Moving on to the main point of what I want to talk about today:  how do we best share the Gospel?  First, we share the gospel by becoming a servant to all.  Literally, verse 19 says, “Though I am free, I willingly make myself a slave to all.”  

The servants’ heart is the beginning of effective evangelism.  If we have a motivation other than loving and serving others, our witness is compromised from the start.  If we are serving others, we have a sincere desire to see them experience blessing.  If we are truly a servant, then whatever advances the cause of Christ becomes our guiding principle.  

And we follow the example of Christ our Savior, who, though he was Lord of all, willingly made himself a servant of all.  He humbled himself to walk among us.  Though he created human beings, he served them, he washed their feet, and he suffered and died on the cross for their sins.  

As a servant, we do our best to become all things to all people.

Now, lets’ pause for a moment here to talk about what that does not mean.  Let’s be careful not to misunderstand.  “To become all things to all people” can be taken to mean that a person becomes a chameleon who goes along with whatever others want.  Politicians have a way of doing that.  When they’re talking to this special interest group, they say everything that group wants to hear.  But when they talk to a different group, they say everything they want to hear, even if it contradicts what they said earlier.  Frankly, that’s hypocrisy.

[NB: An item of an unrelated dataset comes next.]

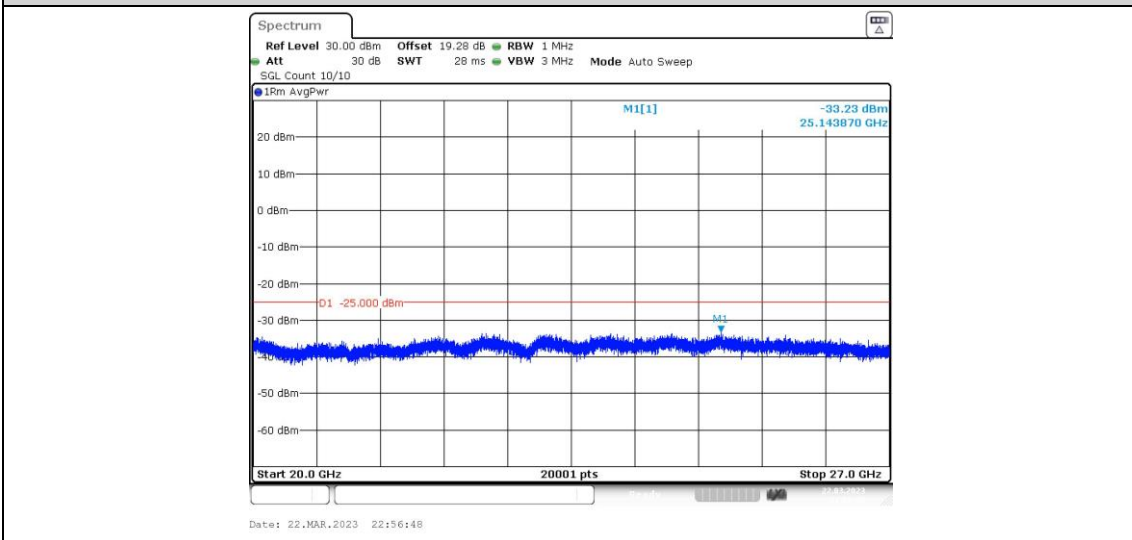

41-41-10MHz-20MHz-16QAM-16QAM-41346-41490-50RB#0-100RB#0-0.009~0.15MHz

Hypocrisy is not a good method for evangelism.  In becoming all things to all people, we must keep our center.  We must keep our core intact.  We should not violate

our conscience or compromise our witness or go against what the Word of God clearly teaches us.  As Paul says, I do not discard the law of God, but keep the law of Christ.  

To become all things to all people means that we come to them on their terms rather than expecting them to come to us on ours.  A few years ago, I was at an evangelism conference, and a bishop told a story about a pastor in his conference.  He got a call from the chair of the church’s Pastor-Parish Relations Committee saying, “You have to come here and set this guy straight.  He’s spending all his time in a bar.”  Well, that sure caught this bishop’s ear, so he went to see the pastor.  Yes, the pastor admitted, he had been spending some time in a bar, a couple evenings a week.  “What are you doing in there?”  “Well, I get myself a diet Coke and I sit down.  Whenever someone talks to me, I talk to them.”  “How’s it working out for you?”  “Great, so far I’ve had seven new members join the church.”  Not everyone could do that, but I’m glad he is.  

To become all things to all people means that we try to speak to people in their language.  We get very used to our church-y language.  We can talk about sin and salvation and grace and sanctification all we want when we’re together.  But that language doesn’t resonate with people outside the church.

To become all things to all people means that we have to try to find common ground.  We must have good listening skills.  We must be able to take an interest in what is dear to other people.  

To become all things to all people also means that we are sensitive to people’s needs, be they real needs or felt needs.  And we seek out opportunities to meet people’s needs.

And to become all things to all people means that we remember that nothing is more important to the heart of God than being reconciled to us, not even the traditions that we hold dear.  Sometimes we are unwilling to become all things to all people because we’re bound and determined to hold on to our traditions and not adapt to a changing world.

We should never change the message.  The message is timeless.  But that doesn’t mean that we have to communicate it in ways that are no longer meaningful to the world.